PROBLEM TO SOLVE:
Before you return the entries below, strip out the pictures and keep all else exact.

[Records excerpted from a collection]
================================

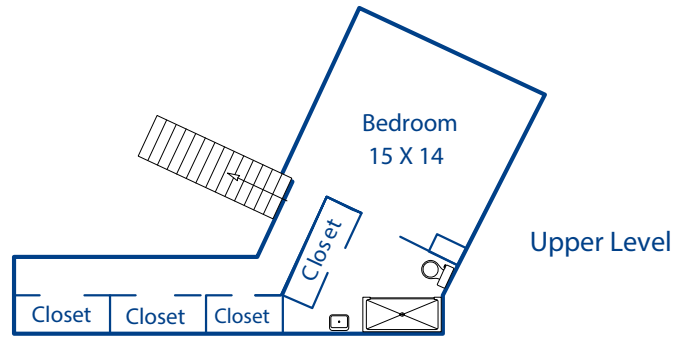

24572 Guadalupe Street Carmel, CA 93923

Main Living Area - 2179sf

Upper Level - 477sf

Total - 2656sf

Garage - 279sf

================================

SOLUTION BELOW:
24572 Guadalupe Street Carmel, CA 93923

Main Living Area - 2179sf

Upper Level - 477sf

Total - 2656sf

Garage - 279sf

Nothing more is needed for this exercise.